Segment Start: Working data
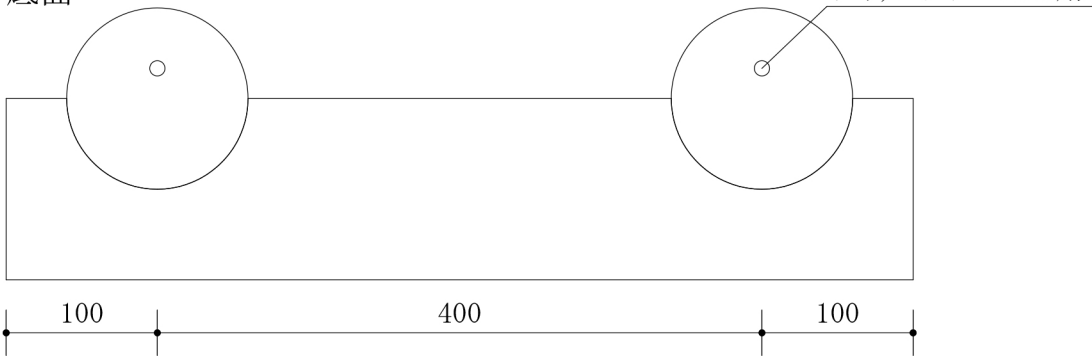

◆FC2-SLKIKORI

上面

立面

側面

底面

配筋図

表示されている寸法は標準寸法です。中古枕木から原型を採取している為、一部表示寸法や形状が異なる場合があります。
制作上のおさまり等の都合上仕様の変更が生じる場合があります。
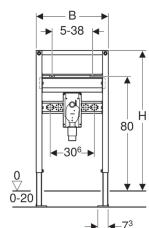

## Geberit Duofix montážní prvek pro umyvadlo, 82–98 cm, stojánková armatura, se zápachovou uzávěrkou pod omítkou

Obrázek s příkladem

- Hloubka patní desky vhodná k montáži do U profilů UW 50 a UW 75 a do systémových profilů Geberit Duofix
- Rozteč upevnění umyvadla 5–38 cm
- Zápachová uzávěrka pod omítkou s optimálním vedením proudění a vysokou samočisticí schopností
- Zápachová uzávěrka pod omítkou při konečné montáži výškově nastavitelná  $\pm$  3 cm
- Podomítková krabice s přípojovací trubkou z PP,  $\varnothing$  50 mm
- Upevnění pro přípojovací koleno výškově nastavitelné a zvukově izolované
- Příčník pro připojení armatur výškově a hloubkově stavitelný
Segment End: Working data
Your task: A faithful copy of the data above is wanted, with every image left out.

Exercise solution:
◆FC2-SLKIKORI

上面

立面

側面

底面

配筋図

表示されている寸法は標準寸法です。中古枕木から原型を採取している為、一部表示寸法や形状が異なる場合があります。
制作上のおさまり等の都合上仕様の変更が生じる場合があります。

## Geberit Duofix montážní prvek pro umyvadlo, 82–98 cm, stojánková armatura, se zápachovou uzávěrkou pod omítkou

Obrázek s příkladem

- Hloubka patní desky vhodná k montáži do U profilů UW 50 a UW 75 a do systémových profilů Geberit Duofix
- Rozteč upevnění umyvadla 5–38 cm
- Zápachová uzávěrka pod omítkou s optimálním vedením proudění a vysokou samočisticí schopností
- Zápachová uzávěrka pod omítkou při konečné montáži výškově nastavitelná  $\pm$  3 cm
- Podomítková krabice s přípojovací trubkou z PP,  $\varnothing$  50 mm
- Upevnění pro přípojovací koleno výškově nastavitelné a zvukově izolované
- Příčník pro připojení armatur výškově a hloubkově stavitelný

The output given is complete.